DataViz Makeover 2

This post aims to critique a published chart’s data visualization and aesthetics, and in turn propose and design a new chart that can better visualize the findings from the report.

Author

Affiliation

Timothy Lim

 

Published

Feb. 17, 2021

DOI

ISSS608 Visual Analytics and Applications - DataViz Makeover 2

Data Visualization (Tableau Online)

Given chart:

1.0 Data Visualization Critique

1.1 Clarity

The given diagram consists of two charts, with the Likert chart on the left visualizing which country is more pro-vaccine, and a bar chart on the right which attempts to visualize the percentage of those who strongly agree to vaccination in each country.

For easier identification in the critique of the two charts, the Likert chart on the left will be referred to as Chart A, while the bar chart on the right will be referred to as Chart B.

  1. The chart title for Chart A, “Which country is more pro-vaccine” is not answered in the chart where no findings or answers can be intuitively found from the chart. The response of agree or disagree is not an appropriate response to this title as well. Instead, the chart title can indicate what the chart is about, for example the proportion of responses for survey question.

  2. The colours used for Chart A may be confusing as every response is given a different colour. The colours used may be misleading as well, for example red representing score of 3, which is a neutral score. However, red is usually associated with something negative. A colour gradient with appropriate colours might be able to better portray the varying response since they are ordinal data.
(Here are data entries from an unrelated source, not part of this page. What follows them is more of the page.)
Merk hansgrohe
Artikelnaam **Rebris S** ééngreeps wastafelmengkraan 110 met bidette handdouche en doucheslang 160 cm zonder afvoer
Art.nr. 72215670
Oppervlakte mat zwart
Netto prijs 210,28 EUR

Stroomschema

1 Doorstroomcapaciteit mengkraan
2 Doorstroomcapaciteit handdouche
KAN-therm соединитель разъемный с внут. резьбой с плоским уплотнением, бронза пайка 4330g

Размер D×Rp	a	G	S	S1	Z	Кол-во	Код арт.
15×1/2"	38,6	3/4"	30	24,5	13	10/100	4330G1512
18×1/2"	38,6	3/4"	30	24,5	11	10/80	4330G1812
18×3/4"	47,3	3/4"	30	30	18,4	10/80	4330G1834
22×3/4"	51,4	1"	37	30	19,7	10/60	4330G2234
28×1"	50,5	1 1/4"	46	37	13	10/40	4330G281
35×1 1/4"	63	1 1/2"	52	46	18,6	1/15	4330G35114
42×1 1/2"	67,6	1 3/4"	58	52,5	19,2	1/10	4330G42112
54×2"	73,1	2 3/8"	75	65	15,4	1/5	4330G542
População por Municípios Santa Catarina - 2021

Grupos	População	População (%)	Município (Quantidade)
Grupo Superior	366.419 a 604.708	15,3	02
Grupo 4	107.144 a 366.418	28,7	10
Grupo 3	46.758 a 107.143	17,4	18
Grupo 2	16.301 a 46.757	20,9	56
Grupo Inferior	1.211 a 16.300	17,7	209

  3. As the proportions for each response across the different countries in Chart A do not have a common or baseline reference, it is difficult to make comparisons between countries, especially when the differences are not significant. A diverging stacked bar chart might make it easier to perform comparisons.

  4. For both charts, the axes are clearly labelled, to indicate the country as well as the percentage response.
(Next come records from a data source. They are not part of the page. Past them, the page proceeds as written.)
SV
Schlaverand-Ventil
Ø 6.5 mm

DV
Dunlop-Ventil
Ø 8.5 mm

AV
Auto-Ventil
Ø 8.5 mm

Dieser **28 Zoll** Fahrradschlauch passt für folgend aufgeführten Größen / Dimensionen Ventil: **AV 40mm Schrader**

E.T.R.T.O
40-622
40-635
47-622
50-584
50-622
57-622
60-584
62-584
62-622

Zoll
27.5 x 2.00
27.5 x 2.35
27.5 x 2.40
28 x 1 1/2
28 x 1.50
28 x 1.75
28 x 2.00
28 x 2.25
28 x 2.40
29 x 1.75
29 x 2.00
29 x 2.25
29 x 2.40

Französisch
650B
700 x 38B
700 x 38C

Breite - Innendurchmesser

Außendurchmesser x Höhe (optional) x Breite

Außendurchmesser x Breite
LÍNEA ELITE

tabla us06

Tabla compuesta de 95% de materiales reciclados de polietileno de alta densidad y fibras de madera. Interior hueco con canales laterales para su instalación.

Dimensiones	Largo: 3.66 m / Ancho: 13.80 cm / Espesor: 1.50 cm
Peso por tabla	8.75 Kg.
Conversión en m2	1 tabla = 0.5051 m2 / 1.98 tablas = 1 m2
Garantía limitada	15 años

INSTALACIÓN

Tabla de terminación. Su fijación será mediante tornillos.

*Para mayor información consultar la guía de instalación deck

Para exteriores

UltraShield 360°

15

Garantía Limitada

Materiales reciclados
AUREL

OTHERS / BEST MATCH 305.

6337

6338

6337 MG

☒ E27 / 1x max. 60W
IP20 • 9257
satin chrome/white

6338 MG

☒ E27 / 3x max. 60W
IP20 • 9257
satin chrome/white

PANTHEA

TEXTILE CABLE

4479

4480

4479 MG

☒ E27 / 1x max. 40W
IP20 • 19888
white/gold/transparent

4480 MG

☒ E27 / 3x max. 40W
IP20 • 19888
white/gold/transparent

  5. Chart B is sorted in descending order which makes it clear which country has the highest percentage of respondents giving a “Strongly Agree” response to the survey question.

1.2 Aesthetics

  1. The label of “vac_1” above the legend is not useful in this case which may end up confusing readers on what the response means. It can be removed as the legend is intuitive enough without a title.

  2. Scores 2 to 4 do not have any indication on what the response is. It will be clearer to indicate “Agree”, “Neutral” and “Disagree” for scores 2 to 4 respectively.

  3. Country names are in the lower case when they should be capitalized, since country names are nouns.

  4. Colours used in both charts are consistent, where percentage strongly agree in Chart B is also indicated in blue, similar to Chart A.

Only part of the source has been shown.